_DATA FOR REVIEW_
'''

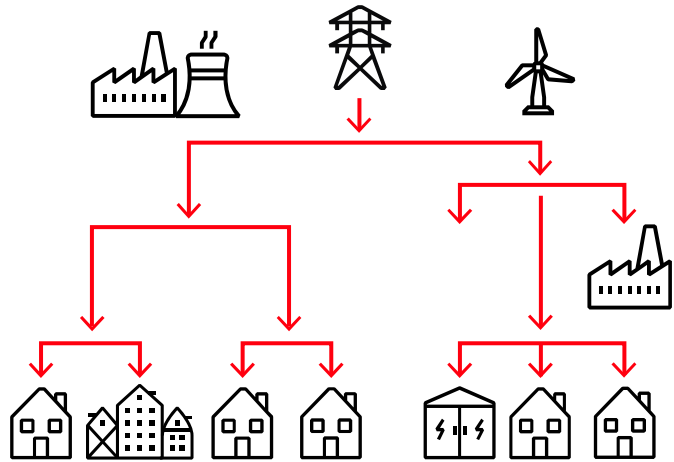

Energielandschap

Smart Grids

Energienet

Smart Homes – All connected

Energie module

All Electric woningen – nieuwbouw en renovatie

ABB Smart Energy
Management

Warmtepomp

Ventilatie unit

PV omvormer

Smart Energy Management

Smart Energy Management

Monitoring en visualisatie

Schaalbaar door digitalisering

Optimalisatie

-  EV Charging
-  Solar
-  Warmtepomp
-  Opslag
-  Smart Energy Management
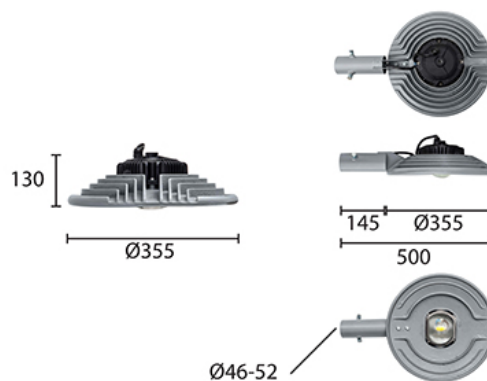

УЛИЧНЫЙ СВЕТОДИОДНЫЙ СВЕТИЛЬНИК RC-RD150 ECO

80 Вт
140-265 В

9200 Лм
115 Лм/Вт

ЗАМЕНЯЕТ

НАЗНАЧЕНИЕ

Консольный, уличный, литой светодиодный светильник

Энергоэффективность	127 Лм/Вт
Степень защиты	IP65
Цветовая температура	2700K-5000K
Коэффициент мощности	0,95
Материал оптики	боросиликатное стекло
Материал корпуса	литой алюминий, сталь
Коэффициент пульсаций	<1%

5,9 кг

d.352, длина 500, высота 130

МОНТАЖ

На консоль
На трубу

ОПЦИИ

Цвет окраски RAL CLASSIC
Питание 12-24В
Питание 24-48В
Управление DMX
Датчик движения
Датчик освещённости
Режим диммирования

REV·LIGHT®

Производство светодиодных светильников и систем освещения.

'''
'''

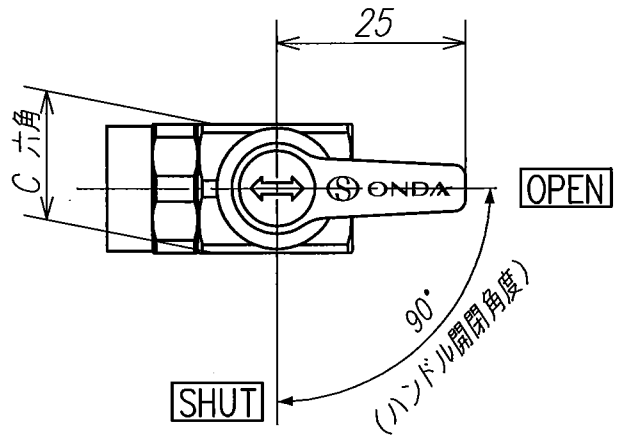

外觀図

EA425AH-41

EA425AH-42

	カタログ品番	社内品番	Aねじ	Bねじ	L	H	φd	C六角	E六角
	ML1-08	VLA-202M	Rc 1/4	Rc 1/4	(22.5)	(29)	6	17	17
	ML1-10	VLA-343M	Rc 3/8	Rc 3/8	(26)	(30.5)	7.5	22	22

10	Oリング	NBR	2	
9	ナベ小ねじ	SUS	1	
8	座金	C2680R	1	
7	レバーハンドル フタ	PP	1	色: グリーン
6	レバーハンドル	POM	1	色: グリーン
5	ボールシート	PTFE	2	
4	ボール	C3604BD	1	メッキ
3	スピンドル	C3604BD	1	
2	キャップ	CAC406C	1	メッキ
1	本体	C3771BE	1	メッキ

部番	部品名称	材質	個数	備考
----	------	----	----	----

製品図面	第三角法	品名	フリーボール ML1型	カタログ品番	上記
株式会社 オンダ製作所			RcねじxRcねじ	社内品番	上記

'''
'''

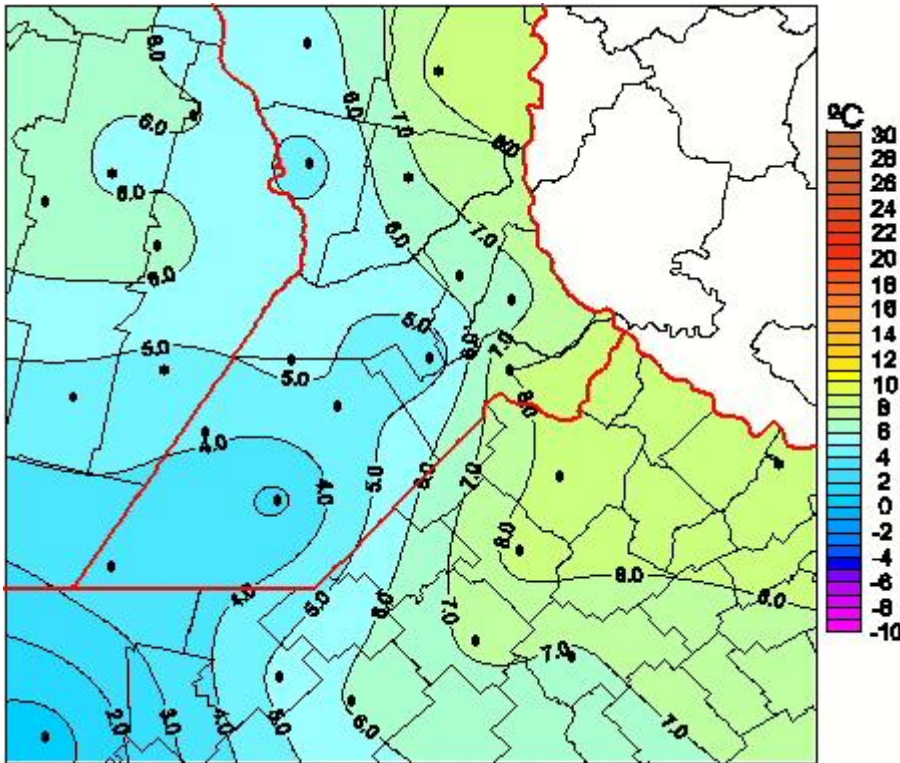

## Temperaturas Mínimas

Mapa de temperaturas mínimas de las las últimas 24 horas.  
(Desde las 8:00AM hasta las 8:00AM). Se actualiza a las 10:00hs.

'''

_TRY IT_
Set down exactly the lines above, from the line containing "Energielandschap" through the line containing "Производство светодиодных светильников". Skip the pictures.

_SOLUTION TO THE PROBLEM_
Energielandschap

Smart Grids

Energienet

Smart Homes – All connected

Energie module

All Electric woningen – nieuwbouw en renovatie

ABB Smart Energy
Management

Warmtepomp

Ventilatie unit

PV omvormer

Smart Energy Management

Smart Energy Management

Monitoring en visualisatie

Schaalbaar door digitalisering

Optimalisatie

-  EV Charging
-  Solar
-  Warmtepomp
-  Opslag
-  Smart Energy Management

УЛИЧНЫЙ СВЕТОДИОДНЫЙ СВЕТИЛЬНИК RC-RD150 ECO

80 Вт
140-265 В

9200 Лм
115 Лм/Вт

ЗАМЕНЯЕТ

НАЗНАЧЕНИЕ

Консольный, уличный, литой светодиодный светильник

Энергоэффективность	127 Лм/Вт
Степень защиты	IP65
Цветовая температура	2700K-5000K
Коэффициент мощности	0,95
Материал оптики	боросиликатное стекло
Материал корпуса	литой алюминий, сталь
Коэффициент пульсаций	<1%

5,9 кг

d.352, длина 500, высота 130

МОНТАЖ

На консоль
На трубу

ОПЦИИ

Цвет окраски RAL CLASSIC
Питание 12-24В
Питание 24-48В
Управление DMX
Датчик движения
Датчик освещённости
Режим диммирования

REV·LIGHT®

Производство светодиодных светильников и систем освещения.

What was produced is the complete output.